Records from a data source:
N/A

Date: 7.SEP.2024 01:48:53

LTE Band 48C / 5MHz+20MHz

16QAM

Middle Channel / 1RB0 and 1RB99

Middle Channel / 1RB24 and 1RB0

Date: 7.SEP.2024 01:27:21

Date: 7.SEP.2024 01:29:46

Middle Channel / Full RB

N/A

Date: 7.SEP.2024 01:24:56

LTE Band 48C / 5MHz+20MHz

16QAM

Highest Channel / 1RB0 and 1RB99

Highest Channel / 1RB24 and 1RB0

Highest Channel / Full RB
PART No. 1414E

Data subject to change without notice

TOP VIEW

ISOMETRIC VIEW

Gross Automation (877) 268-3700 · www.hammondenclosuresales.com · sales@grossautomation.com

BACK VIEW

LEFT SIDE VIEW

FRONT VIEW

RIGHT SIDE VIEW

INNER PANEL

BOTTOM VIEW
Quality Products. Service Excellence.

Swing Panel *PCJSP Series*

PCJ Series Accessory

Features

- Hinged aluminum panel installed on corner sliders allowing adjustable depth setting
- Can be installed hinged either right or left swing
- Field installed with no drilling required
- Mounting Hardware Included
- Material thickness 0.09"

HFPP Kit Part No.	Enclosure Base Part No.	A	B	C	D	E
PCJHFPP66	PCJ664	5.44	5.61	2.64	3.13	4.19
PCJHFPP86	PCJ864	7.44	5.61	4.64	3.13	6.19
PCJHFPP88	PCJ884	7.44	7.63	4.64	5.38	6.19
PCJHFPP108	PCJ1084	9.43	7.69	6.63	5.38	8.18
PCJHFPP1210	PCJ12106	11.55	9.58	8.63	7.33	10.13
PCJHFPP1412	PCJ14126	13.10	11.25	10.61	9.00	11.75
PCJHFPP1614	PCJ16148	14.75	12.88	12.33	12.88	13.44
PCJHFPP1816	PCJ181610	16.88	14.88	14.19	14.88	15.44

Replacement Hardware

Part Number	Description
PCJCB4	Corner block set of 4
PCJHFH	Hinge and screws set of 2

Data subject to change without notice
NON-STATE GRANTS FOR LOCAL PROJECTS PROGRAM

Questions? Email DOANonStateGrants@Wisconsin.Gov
---
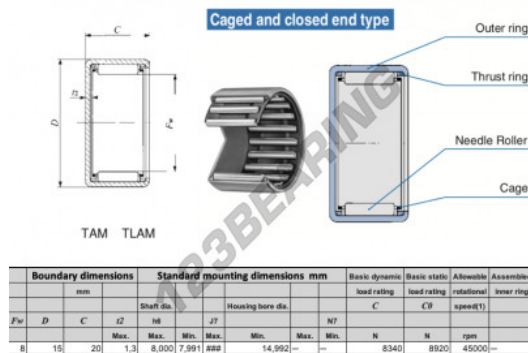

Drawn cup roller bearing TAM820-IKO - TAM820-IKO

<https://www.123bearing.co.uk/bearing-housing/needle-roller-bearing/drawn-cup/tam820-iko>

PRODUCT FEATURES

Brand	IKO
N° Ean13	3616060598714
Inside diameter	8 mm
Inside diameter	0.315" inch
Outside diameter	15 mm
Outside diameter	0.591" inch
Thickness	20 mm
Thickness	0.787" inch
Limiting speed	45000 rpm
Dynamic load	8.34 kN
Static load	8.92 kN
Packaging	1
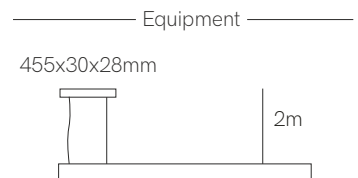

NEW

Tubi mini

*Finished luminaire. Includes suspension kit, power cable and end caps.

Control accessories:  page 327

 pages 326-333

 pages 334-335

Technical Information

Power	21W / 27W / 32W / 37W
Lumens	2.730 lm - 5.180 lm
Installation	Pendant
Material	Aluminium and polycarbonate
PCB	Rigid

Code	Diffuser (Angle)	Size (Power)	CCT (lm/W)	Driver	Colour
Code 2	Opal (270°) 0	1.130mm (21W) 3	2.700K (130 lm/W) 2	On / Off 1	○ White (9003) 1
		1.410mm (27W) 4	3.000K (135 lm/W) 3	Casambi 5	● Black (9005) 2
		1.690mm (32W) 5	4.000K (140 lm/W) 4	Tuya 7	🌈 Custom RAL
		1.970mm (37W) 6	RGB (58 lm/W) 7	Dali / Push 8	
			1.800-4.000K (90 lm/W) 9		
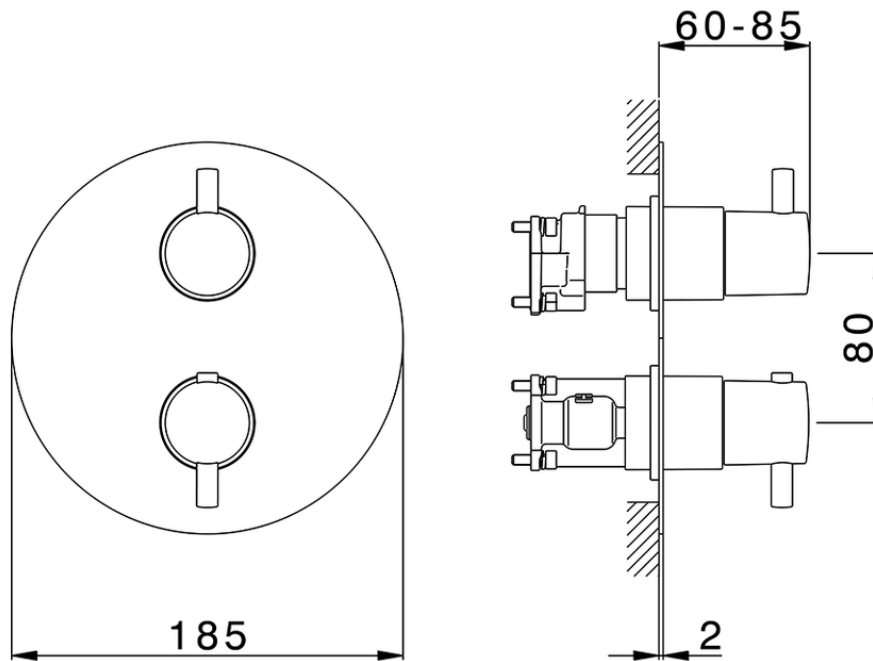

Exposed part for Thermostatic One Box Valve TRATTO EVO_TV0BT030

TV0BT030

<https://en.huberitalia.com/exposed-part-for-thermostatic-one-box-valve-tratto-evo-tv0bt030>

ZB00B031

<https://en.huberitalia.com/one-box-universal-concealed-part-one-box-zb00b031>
* * *
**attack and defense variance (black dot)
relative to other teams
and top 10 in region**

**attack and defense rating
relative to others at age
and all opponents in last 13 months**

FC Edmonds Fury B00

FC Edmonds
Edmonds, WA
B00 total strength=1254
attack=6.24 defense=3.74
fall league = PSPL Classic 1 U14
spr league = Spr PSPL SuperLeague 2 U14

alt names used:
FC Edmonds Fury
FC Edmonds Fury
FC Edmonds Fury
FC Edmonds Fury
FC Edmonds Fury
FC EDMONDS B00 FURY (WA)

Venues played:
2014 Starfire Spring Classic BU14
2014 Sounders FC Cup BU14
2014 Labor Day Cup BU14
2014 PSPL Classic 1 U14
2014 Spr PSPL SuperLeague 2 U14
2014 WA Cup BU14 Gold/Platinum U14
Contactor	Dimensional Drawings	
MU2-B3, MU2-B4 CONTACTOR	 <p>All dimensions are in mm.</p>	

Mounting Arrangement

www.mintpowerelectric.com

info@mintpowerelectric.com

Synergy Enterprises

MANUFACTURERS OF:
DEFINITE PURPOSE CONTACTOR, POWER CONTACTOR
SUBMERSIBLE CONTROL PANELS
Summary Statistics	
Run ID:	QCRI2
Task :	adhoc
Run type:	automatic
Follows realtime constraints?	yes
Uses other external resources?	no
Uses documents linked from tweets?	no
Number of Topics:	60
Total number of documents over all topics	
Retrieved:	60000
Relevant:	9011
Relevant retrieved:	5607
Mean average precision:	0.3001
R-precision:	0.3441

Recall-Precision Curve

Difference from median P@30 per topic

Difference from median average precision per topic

- [Directions for this task]:
Would you please copy every line in the data that contains the word "huberitalia"?

- [Task response]:
<https://en.huberitalia.com/exposed-part-for-thermostatic-one-box-valve-tratto-evo-tv0bt030>
<https://en.huberitalia.com/one-box-universal-concealed-part-one-box-zb00b031>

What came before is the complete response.